Sports News Without Access, Favor, Or Discretion

All those problems you thought Qatar's World Cup faced—indentured servitude, bribery allegations, unplayable heat, nonexistent infrastructure—it turns out they can all be made to go away with a stay in a nice hotel and a photo op with Alan Shearer.

(Update: The article has been taken down, but a version has been preserved here.)


Phil Ball, a writer for ESPNFC, just got back from four delightful days in Doha, and he's a convert. The "witch hunt" against the nation's World Cup bid, he says, comes from an "anti-Qatar brigade" of journalists who haven't been there. Not like Phil! Phil's seen the real Qatar. On "an all-expenses paid trip." Expenses paid by whom? Phil doesn't say. But he attended the Aspire4Sport Conference, and the conference's principal sponsor is the Qatar 2022 World Cup Committee.

So, what did Phil think of the shiny Potemkin Oasis? Well, it doesn't actually sound like he ventured beyond his hotel or the conference center. But he was wowed by what he saw.

I was suddenly surrounded on three sides by the slickest, smoothest presentation I have ever seen. German-made, it was simply impeccable in every aspect — length, special effects, information, clarity, volume and political correctness. When it was turned off, I was overwhelmed by its brilliance. [Shaquille] O'Neal, Lennox Lewis and [Alan] Shearer all said the same the next day, and its effectiveness (apparently the inspectors asked to see it again, in a sort of childlike trance) probably won the bid there and then, not just for its technical brilliance but because you emerge from the room convinced that if the Qataris can pull off what they claim they can pull off, then the cynics might eventually be put to rest.

Why bribe the officials if you know your sales pitch is the best? It makes no sense. The Harvard-educated Qataris at the head of this bid are many things, but they are not stupid.


Rest assured, Phil took a photo with Shearer and shares it in his story. But what about all those legitimate concerns? Like the foreign workers building the soccer stadiums, who are living in nightmarish conditions and dying by the thousands? Waved away.

The investigative team that exposed the systematic abuse of workers' rights deserves praise, but it's the subsequent fevered reaction from other less objective keyboards that has turned the issue so sour, obscuring the potential advantages and positives that this event might spawn — still a substantial eight years in the distance.


Or, say, the particularly restrictive rules in the emirate?

Why worry about the availability of alcohol? A month on water and fruit juice might even improve some folks' health.


The overarching theme here is that none of these problems is an actual problem, because the muckety-mucks swear things will be better by 2022. There's a bizarre credulity in Ball's writing, vague promises taken as gospel. Phil has seen the future, and it works.

The Metro, for which the ground has been dug, is scheduled to open around 2019 and will change the traffic snare overnight.
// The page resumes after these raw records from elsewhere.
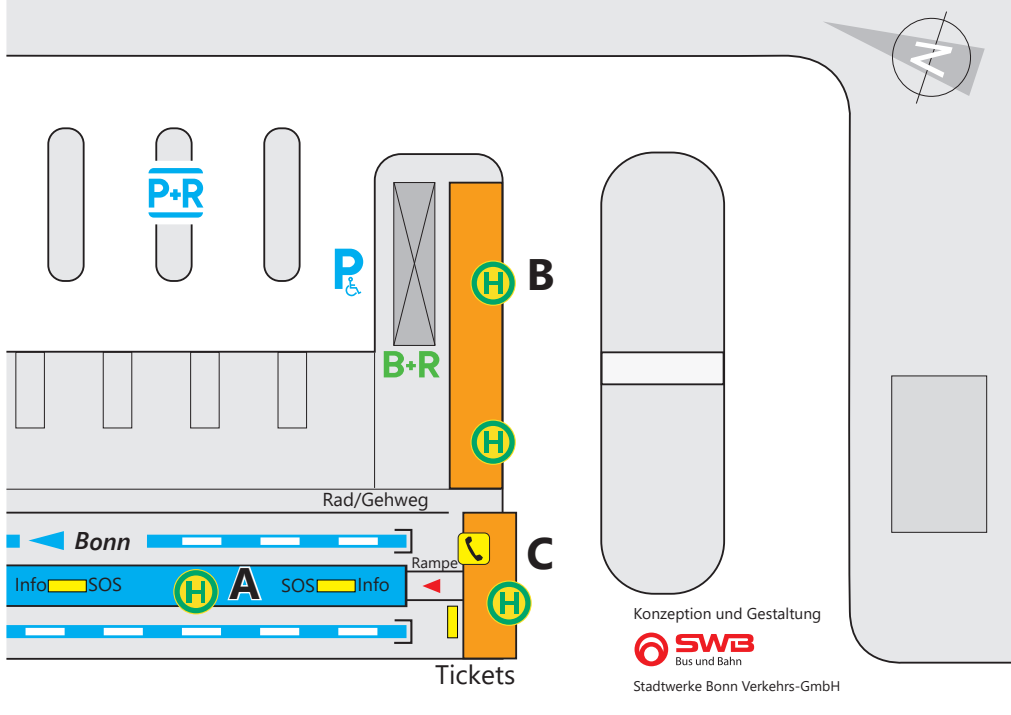

## Bad Honnef Stadtbahn

Linie	Ziel	Bus
560	Oberpleis	B
562	Asbach (- Neustadt)	B
565	Unkel - Linz	B
586	AST (0 22 24) 96 97 97	B
BE	Königswinter - Bonn-Ramersdorf - Heussallee/Museumsmeile - Bonn Hbf - Beuel - Sankt Augustin - Siegburg Bf	C

Linie	Ziel	Bahn
66	Königswinter - Bonn-Ramersdorf - Heussallee/Museumsmeile - Bonn Hbf - Beuel - Sankt Augustin - Siegburg Bf	A

## Bad Honnef Bahnhof

© Verkehrsverbund Rhein-Sieg GmbH  
Stand: Dezember 2020

Linie	Ziel	Bahn
RE 8	RHEIN-ERFT-EXPRESS Köln/Bonn Flughafen - Köln (- Mönchengladbach) Neuwied (- Koblenz)	Gleis 1 Gleis 2
RB 27	RHEIN-ERFT-BAHN Köln (- Mönchengladbach) Neuwied (- Koblenz)	Gleis 1 Gleis 2

Linie	Ziel	Bus
560	Bad Honnef (Stadtbahn)	A
560	Oberpleis	A
562	Bad Honnef (Stadtbahn)	A
562	Asbach (- Neustadt)	A
565	Bad Honnef (Stadtbahn)	A
565	Unkel - Linz	A
586	AST (0 22 24) 96 97 97	A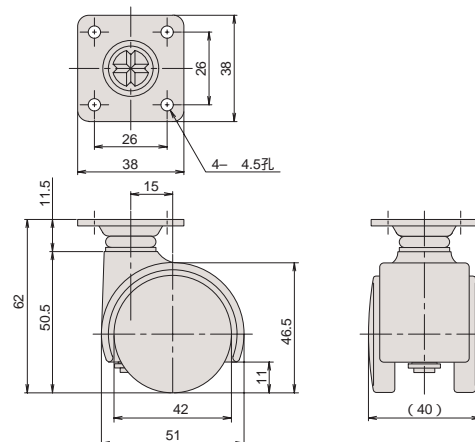

キャスター

キャスター

CT-4PK

品番	カバー		車輪		プレート			1甲の入り数	耐荷重(kg)	重量(g)
	材質	仕上	材質	仕上	材質	仕上	形状			
CT-4PK	ABS	黒色	PA	黒色	SPCC	CZn	四角	150	60	140

CT-4SK

品番	カバー		車輪		シャフト		ソケット			1甲の入り数	耐荷重(kg)	重量(g)
	材質	仕上	材質	仕上	材質	仕上	品番	材質	仕上			
CT-4SK	ABS	黒色	PA	黒色	SWCH	CZn	CT-004-13	PA	黒色	150	60	126

CT-4BK

品番	カバー		車輪		ボルト			1甲の入り数	耐荷重(kg)	重量(g)
	材質	仕上	材質	仕上	材質	仕上	サイズ			
CT-4BK	ABS	黒色	PA	黒色	SWCH	CZn	M8×15	150	60	118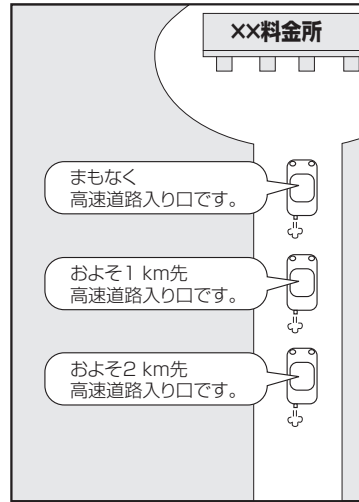

目的地までのルート案内時に、右左折する交差点などに近づく自動的に音声で案内が流れます。

一般道の交差点*1

* 1印…交差点名がある場合は、交差点名を音声案内します。

高速道路入口

一般道の連続した交差点*2

* 2印…連続した交差点が三つ以上続く場合に案内します。

高速道路出口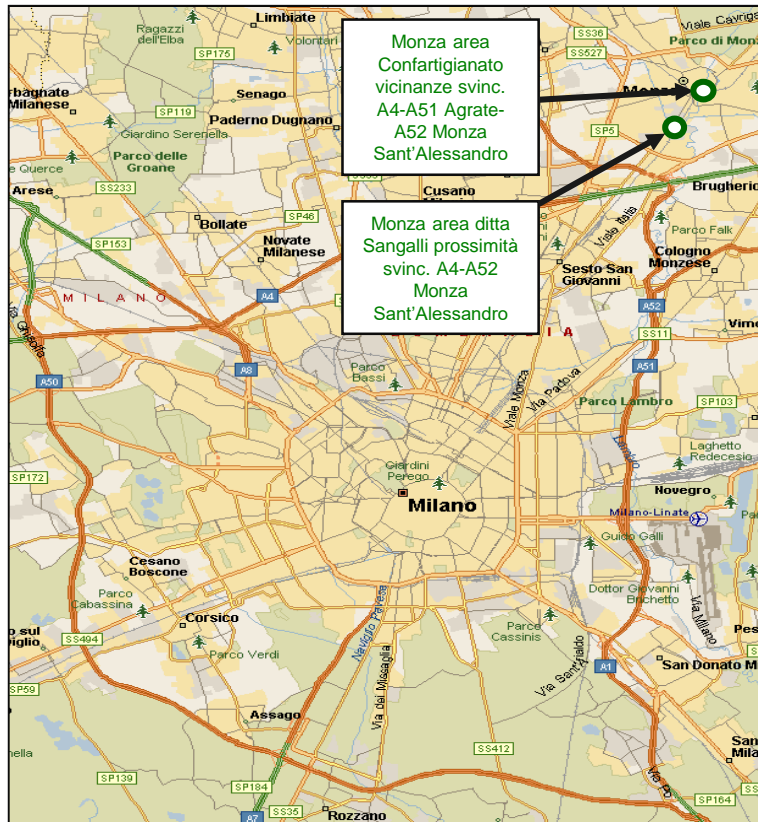

## Area Est Milanese

**A 58** Tangenziale Esterna - Milano

Barriera Liscate  
Area interna (itiner)

### Legenda:

 **BLOCCO:** tratte soggette a divieto di transito per i mezzi pesanti in caso di emergenza neve

 **TRATTE / AREE INTERNE** alla sede autostradale

 **AREE ESTERNE** alla sede autostradale

# Tratte di blocco e tratte/aree di accumulo dei mezzi pesanti

## Area Tangenziali di Milano

**A7** A7 Milano - Genova  
tratto **Serravalle Scrivia-Milano**

**A50** Tangenziale Ovest - Milano

**A51** Tangenziale Est - Milano

**A52** Tangenziale Nord - Milano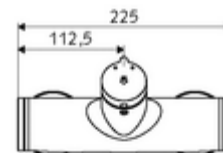

Numéro de l'article: 01 601 06 99

Robinet de douche apparent VITUS VITUS VD-SC-M / o Eau mixte

Déclenchement manuel avec fermeture automatique. Réglage aisé de la durée de fonctionnement. Raccordement de douche, en haut.

Fournitures

- Robinet de douche apparent à fermeture temporisée
  - Bouton à fermeture temporisée SC-M
  - Cartouche à fermeture temporisée SC II avec limiteur d'eau chaude
  - 2 clapets anti-retour AR (EN 1717: EB)
- 2 raccords en S et rosaces (réglables en profondeur)

Données techniques

- Durée de fonctionnement: 5 - 30 s réglable
- Température de service max.: 70 °C (80 °C pour la désinfection thermique)
- Matériau: Boîtier Laiton conforme au décret allemand sur l'eau potable
- Surface: chromé
- Raccordement: 2x DN 15 G 1/2 M
- Sortie: DN 15 G 1/2 M (haut)
- Certificats: PA-IX 38241/IB, Belgaqua
- Classe sonore: I
- Classe de débit: B

Données de livraison

- Poids: 3,75 kg/Pièce
- Unité d'emballage: 1

Articles liés nécessaires

Raccord-S avec robinet d'arrêt (Jeu)	Réf. l'article: 23 775 00 99	
	Réf. l'article: 29 239 00 99	ou
	Réf. l'article: 29 240 00 99	ou

En cas de raccordement encastré de la tête de douche

Coude de sortie DN 15	Réf. l'article: 25 667 06 99	ou
Coude de sortie DN 15	Réf. l'article: 25 668 06 99	ou
Tête de douche COMFORT Flex.	Réf. l'article: 01 821 06 99	ou
Tête de douche pauvre en aérosol	Réf. l'article: 01 814 06 99	ou

En cas de raccordement apparent de la tête de douche

Kit tube apparent VITUS	Réf. l'article: 25 666 06 99
Tête de douche COMFORT.	Réf. l'article: 01 846 06 99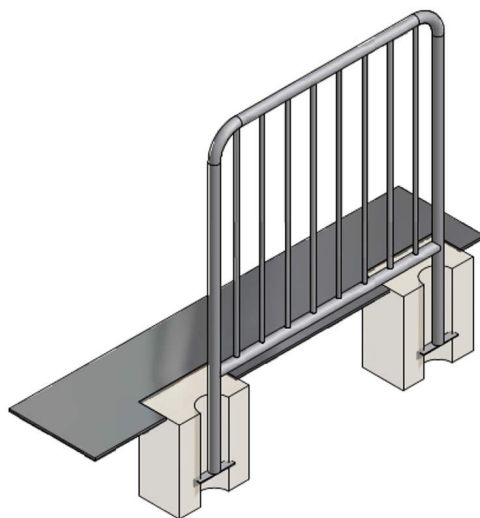

Référence : 30711
Produit : Barrière de protection barreadée
Collection : Sécurité

Actus Mobilier Urbain se réserve le droit de modifier à tout moment, sans préavis, ses créations. Documents non contractuels.

MOBILIER URBAIN

Descriptif :

Hauteur totale : 1,30m

La barrière Urbaine V7.3 est proposée en 2 dimensions :

- En 1,00m (Réf. 30701)
- En 2,00m (Réf. 30711)

Fixation : Fixe à sceller

Matériaux, revêtements, couleurs :

- Ensemble mécano-soudé en acier apte à la galvanisation à chaud
- Galvanisation à chaud des produits finis (+/-55 microns)
- Thermo laquage, poudre thermodurcissable à base de résine polyester (Minimum 60microns)
- Mise à la teinte au choix dans nos collections RAL, RAL Fine Textured conseillé, Sablé conseillé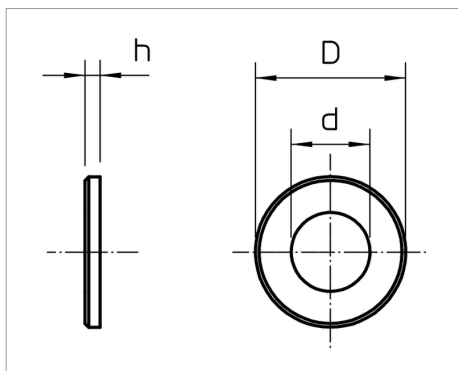

# Fișă tehnică Șaibă lată

Șaibă netedă cu diametru exterior foarte mare.

Tip	Dimensiune d mm	Măsură D mm	Măsură h mm	Amb. bucată	Greutate kg/100 buc.	Nr. art.
DIN440 7 F	6.6	22 - 22	2	100	0.550	6408702
DIN440 9 F	9	28 - 28	3	100	1.344	6408710
DIN440 11 F	11	34 - 34	3	100	1.985	6408729
DIN440 14 F	13.5	44 - 44	4	50	4.736	6408737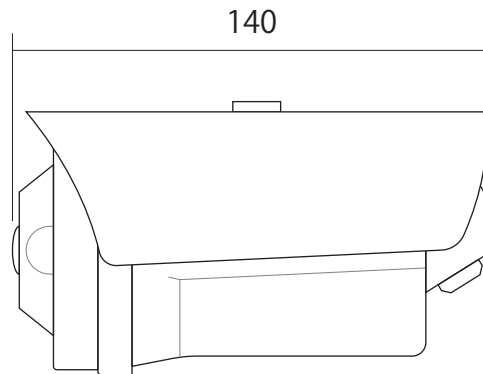

AHDC-236

AHD 2.0MP 超広角 屋外防滴 拡散赤外線カメラ

イメージセンサー	1/2.7" 2.4Mega Pixel SONY STARVIS CMOS Image sensor IMX335
スキャンシステム	プログレッシブスキャン
解像度	1920X1080(1080P) / CVBS960H
最低照度	0.001LUX / OLUX (IR ON 時) F 値1.2
レンズ	3メガピクセル 1.7mm 水平140度
S/N 比	52dB
赤外線照射距離	約10M 広角拡散型4灯
デイナイト	Auto/EXT/Color/BW
電子シャッター	1/30 ~ 1/50000 FLK
ビデオ出力	BNCX1 (AHD/TVI/CVI)
UTC	あり
ホワイトバランス	あり
IR カットフィルター	あり
プライバシーマスク	なし
WDR	あり
SENCE-UP	あり
消費電流	80mA (IR ON時: 350mA 突入時: 470mA)
防水性能	IP66
動作可能温度	温度: -10℃~ +50℃ 湿度 90%RH
外形寸法/重量	80(幅)X80(高)X140(奥)mm / 約420g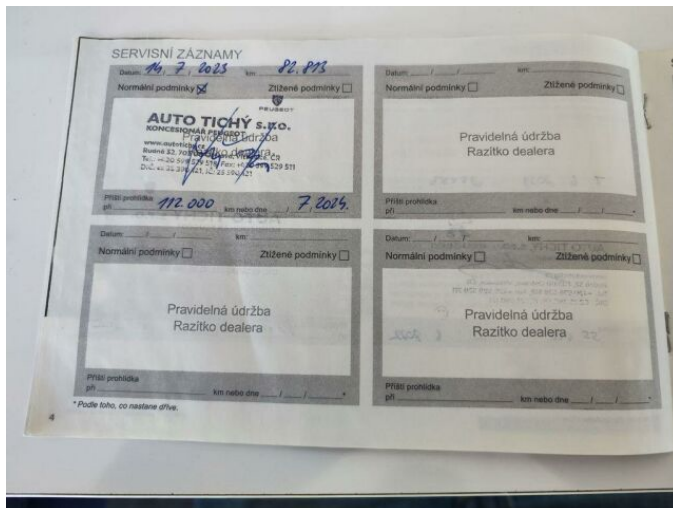

Tato část internetových stránek Peugeot slouží zejména autorizovaným prodejčům Peugeot v České republice k prezentaci vozů značky Peugeot určených k prodeji. Zřizovatel těchto internetových stránek nenese odpovědnost za správnost, úplnost a aktuálnost údajů uvedených v této části internetových stránek. Odpovědnost za správnost, úplnost a aktuálnost údajů týkajících se daného vozidla uvedeného v této části internetových stránek nese výhradně prodejce, jež je uveden v detailní specifikaci vozu zvoleného uživatelem k prohlédnutí.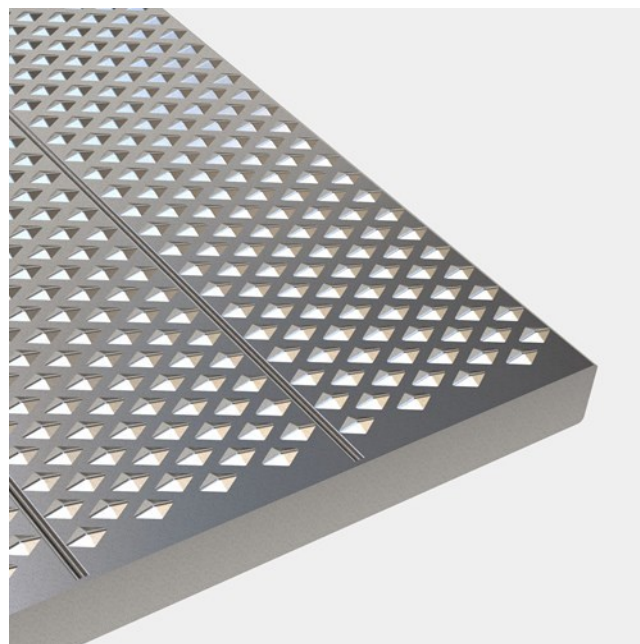

Rist E

Rustfritt stål

Rustfri stålrist med bufferert overflate uten hull. E-risten brukes hvor det stilles krav om en lukket overflate, og er et sterkt og sklisikkert alternativ til dørkeplater. Rist E i rustfritt stål er ikke gjennomsiktig, som andre hullrister, og kan gi en tryggere følelse på broer og på båtdekk.

Spesifikasjoner

Designet for gange med stiletthæler	
Sklisikkerhet	R9 = 10° > helning > 6° iht. DIN 51130
Luftstrøm	~0 %
C-C mønster	35 x 20 mm
Kulekrav	15 mm iht. EN ISO 14122-2 20 mm iht. EN ISO 14122-2 35 mm iht. EN ISO 14122-2

Standard dimensjoner

Høyde (mm)	Lagerstatus	Artikkelnr.
2	På forespørsel	F960084100

Andre tilgjengelige materialer

Stål
Aluminium 3005-16 H66

PcP

Product name
OPTIMO Plank Grating E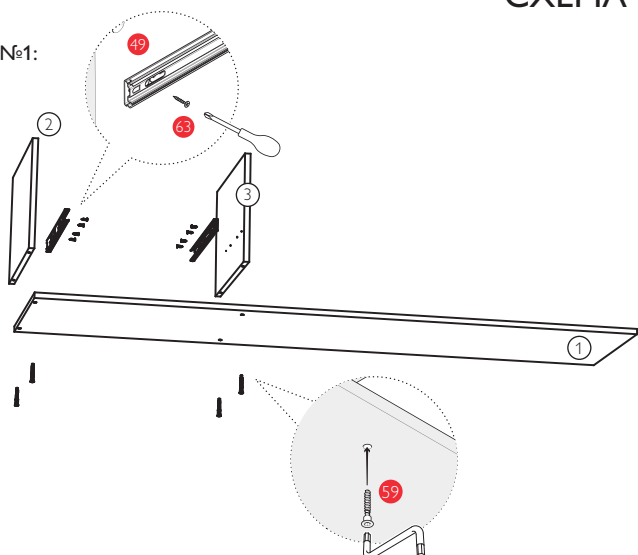

ФУРНИТУРА:

Позиция	48	49	50	51	52	53	54	55	56	57	58
Вид											
Кол-во	2 шт.	2 комп.	4 шт.	18 шт.	2 шт.	8 шт.	14 шт.	2 шт.	12 комп.	2 шт.	18 комп.

Позиция	59	60	61	62	63	64	65	66	67	68	69	70	71
Вид													
Кол-во	58 шт.	34 шт.	64 шт.	28 шт.	109 шт.	200 шт.	15 шт.	6 шт.	10 шт.	24 шт.	32 шт.	1 шт.	2 шт.

СХЕМА СБОРКИ

ШАГ №1:

It's too easy to be cynical (and that's without seeing some of the worst affected areas in the country). The Al-Wakrah project, which basically involves converting a fishing village south of Doha into the first template stadium community (it should be completed by 2017), contains all the components to make this a rather different experience, so that the "spectator realm" can be enjoyed "comfortably, economically and sustainably." I'll go for that.


Workers' rights? The Guardian investigative team did get that one right, for which it deserves various medals. At the news conferences I attended, especially the one following the Amnesty report that came out Sunday, the Qatari front men took it on the chin.

"We are a young nation. We're learning too." There were no lame excuses proffered. They said they would put it right. The new workers' charter, rather hastily assembled, is a step in that direction, but the systematic abuse of workers' rights has not been an active Qatari policy. They've just looked the other way, which is just as bad, but they have the power and money to fix it almost overnight. There is no congress, no bureaucracy. At the swish of the emir's gold pen, new laws come into effect.


It reads nothing so much like a travelogue of the Soviet Union in the 1930s, with all the attendant handwaving and assurances that the system will work, given time.

Ball's piece wouldn't be such an ethical disaster if it hadn't sprung from a junket. Pollyanna's Gulf Adventure could have been written by any superficial reporter paying their own way. (It's sort of astounding that ESPN couldn't find a few thousand dollars in the budget to head off the inevitable backlash.) We obviously have no idea if Ball was swayed by luxury—but a perceived conflict of interest is just as bad as a real one. The only way to nip that in the bud, and it's amazing that it even has to be said, is to not accept gifts from the subject of your story. Especially from a nation and a committee dogged by accusations of buying its way to success. But, then, perhaps, this is the best meta-criticism of Qatar's World Cup bid there is.